→ Data records
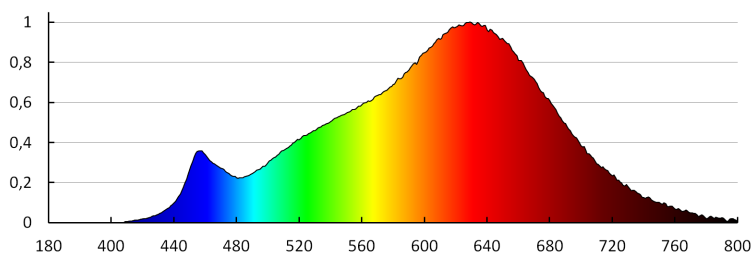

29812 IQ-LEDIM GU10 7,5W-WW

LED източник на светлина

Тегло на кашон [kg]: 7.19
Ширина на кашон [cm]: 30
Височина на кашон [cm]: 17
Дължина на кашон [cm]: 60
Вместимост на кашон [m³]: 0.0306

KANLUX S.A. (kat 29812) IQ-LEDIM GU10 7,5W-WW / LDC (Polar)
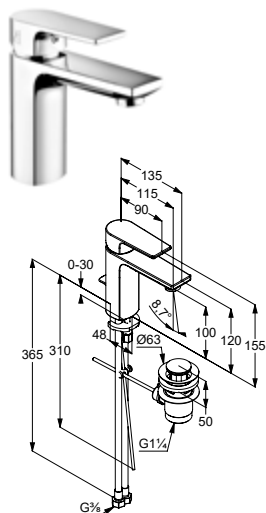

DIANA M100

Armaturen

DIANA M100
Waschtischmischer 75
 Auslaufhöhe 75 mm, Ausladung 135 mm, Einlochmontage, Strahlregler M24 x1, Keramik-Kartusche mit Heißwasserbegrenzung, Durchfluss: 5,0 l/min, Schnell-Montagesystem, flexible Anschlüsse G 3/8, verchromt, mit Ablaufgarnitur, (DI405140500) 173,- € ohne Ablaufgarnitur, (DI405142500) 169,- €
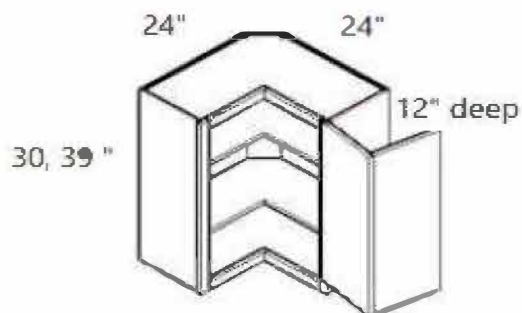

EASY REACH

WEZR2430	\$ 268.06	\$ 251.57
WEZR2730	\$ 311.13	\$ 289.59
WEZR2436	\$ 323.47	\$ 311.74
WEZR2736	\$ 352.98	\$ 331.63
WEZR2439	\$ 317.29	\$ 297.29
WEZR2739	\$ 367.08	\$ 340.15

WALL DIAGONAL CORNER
==
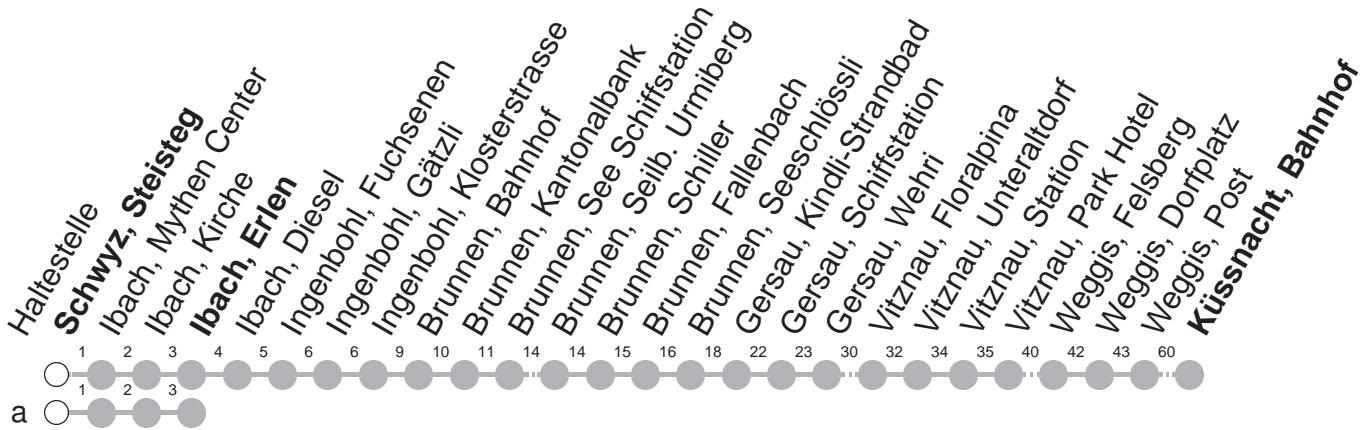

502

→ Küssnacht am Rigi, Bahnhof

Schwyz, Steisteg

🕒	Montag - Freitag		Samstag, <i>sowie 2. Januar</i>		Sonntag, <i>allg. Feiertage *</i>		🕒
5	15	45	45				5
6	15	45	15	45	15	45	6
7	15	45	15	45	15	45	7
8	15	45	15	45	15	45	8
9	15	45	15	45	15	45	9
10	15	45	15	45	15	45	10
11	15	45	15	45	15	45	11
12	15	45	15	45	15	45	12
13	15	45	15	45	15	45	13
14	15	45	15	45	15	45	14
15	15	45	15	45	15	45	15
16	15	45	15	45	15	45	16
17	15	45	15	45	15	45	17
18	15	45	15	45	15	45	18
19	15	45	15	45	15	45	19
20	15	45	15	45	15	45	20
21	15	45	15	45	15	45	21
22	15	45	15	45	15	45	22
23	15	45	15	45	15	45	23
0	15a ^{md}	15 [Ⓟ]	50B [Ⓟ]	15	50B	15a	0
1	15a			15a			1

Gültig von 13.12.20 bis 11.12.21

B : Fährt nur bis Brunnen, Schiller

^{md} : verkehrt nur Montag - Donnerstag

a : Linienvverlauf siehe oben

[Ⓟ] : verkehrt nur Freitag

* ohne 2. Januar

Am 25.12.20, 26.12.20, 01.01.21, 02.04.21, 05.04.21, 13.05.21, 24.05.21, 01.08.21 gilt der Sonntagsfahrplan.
* * *
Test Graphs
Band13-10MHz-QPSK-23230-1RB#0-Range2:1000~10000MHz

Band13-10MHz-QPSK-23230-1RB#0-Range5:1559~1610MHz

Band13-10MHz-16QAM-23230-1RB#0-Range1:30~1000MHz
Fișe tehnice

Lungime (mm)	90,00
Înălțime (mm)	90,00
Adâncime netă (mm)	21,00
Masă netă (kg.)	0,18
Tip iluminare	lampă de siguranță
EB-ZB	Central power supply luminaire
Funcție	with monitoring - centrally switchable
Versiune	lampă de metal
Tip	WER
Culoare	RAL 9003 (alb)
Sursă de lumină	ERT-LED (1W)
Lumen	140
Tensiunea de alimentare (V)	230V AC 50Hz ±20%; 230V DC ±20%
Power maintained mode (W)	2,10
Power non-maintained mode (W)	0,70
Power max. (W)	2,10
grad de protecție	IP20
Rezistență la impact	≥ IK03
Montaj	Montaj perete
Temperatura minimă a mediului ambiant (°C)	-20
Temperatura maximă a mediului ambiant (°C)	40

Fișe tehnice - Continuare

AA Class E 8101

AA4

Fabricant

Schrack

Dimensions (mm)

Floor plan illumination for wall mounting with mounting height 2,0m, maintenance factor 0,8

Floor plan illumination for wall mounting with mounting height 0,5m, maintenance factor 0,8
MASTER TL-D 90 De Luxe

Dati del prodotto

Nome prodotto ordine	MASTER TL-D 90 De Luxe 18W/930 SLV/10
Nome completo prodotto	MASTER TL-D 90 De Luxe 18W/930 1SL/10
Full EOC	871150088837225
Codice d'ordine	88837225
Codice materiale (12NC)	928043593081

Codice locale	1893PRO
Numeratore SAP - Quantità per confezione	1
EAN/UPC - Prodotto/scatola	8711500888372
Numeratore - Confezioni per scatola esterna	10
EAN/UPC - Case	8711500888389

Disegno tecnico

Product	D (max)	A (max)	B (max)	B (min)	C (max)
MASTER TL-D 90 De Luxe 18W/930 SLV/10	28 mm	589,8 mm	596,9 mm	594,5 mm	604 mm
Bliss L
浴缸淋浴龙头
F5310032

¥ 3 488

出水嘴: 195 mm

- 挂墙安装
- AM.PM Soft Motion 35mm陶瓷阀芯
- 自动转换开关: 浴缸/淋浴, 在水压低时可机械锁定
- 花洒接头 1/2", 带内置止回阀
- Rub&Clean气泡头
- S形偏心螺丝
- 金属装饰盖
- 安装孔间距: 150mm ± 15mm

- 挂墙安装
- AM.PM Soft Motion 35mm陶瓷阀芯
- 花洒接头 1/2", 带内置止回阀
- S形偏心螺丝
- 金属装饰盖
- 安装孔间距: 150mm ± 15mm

→ Directions
How many lines of the material contain the string "mounting"? Answer with that number alone.

→ The answer
2